To simplify, don't track vac direction, and let operator simply be E, N, W, S, to move to one of the neighboring cells.

Use an A* search. Possible heuristics might be

h1(n) is the shortest Manhattan metric from n to a cell with an uncollected piece of dirt or, if there's no dirt left the shortest Manhattan metric to the home cell.

h2(n) is the sum of the Manhattan metrics to the cells that have uncollected dirt. I think you would include the Manhattan metric to the home cell in this sum as well.

(D) Polygon “Maze.”  This one needs Windows graphics, but uses a fairly simple search.

Solve problem 4.13 as a Windows program.  Perhaps use the Pop framework if you’ve had CS 160 with me, or maybe at least use the cPolygon2 class and cVector2 classes from there.  The virtue of the Pop framework is that it lets you use floating point values for the polygon vertices, which makes the algebra work better.
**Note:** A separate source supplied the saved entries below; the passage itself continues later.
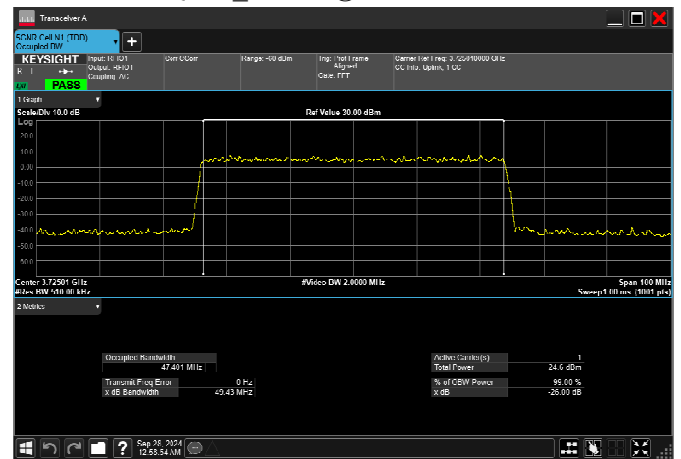

n78_3_50MHz_30kHz_3725MHz_CP-OFDM
QPSK_RB133@0 47.404MHz

n78_3_50MHz_30kHz_3725MHz_CP-OFDM 16
QAM_RB133@0 47.473MHz

n78_3_50MHz_30kHz_3725MHz_CP-OFDM 64
QAM_RB133@0 47.405MHz

n78_3_50MHz_30kHz_3725MHz_CP-OFDM 256
QAM_RB133@0 47.401MHz
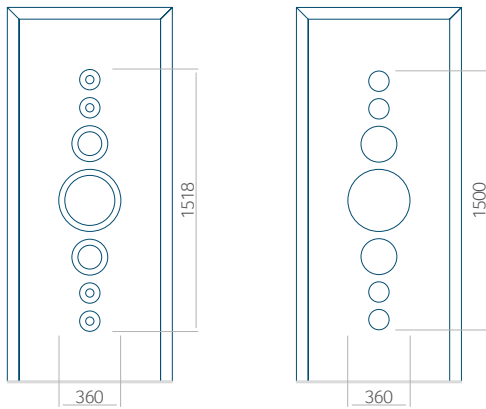

Onafhankelijk daarvan zijn de panelen verkrijgbaar in dikten van 24, 36 of 48 mm. De buitenkant van onze panelen maken wij of uit HPL-platen, uit PVC en aluminium of uit aluminium platen, naar gelang de wensen van de klant en de technische vereisten. HPL-platen worden beplakt met folie, aluminium platen worden gepoedercoat. Houten deurpanelen zijn verkrijgbaar met dikten van 24, 36 of 46 mm.

What I imagine here is a program that draws some standard polygons like in the book illo or perhaps has an ability to create a random scene with polygons.  It might be espeically nice if the polygons were long thin rectangles arranged to make a maze.

A start point S and an end point E are randomly selected (or optionally by user mouse click).  These points aren’t inside any polygon.  Your program does an A* search to find the shortest path that runs from S to E.  It is possible to prove that this path must be a series of line segments that runs from S to a polygon vertex (or to E, if possible) and then on to a succession of polygon vertices and eventually to E.  The one hard part of this (besides drawing the scene) is to write a BOOL Polygon::Blocks(Point p1, Point p2) that will return FALSE if and only if the line from p1 to p2 doesn’t cross any of the caller Polygon’s edges.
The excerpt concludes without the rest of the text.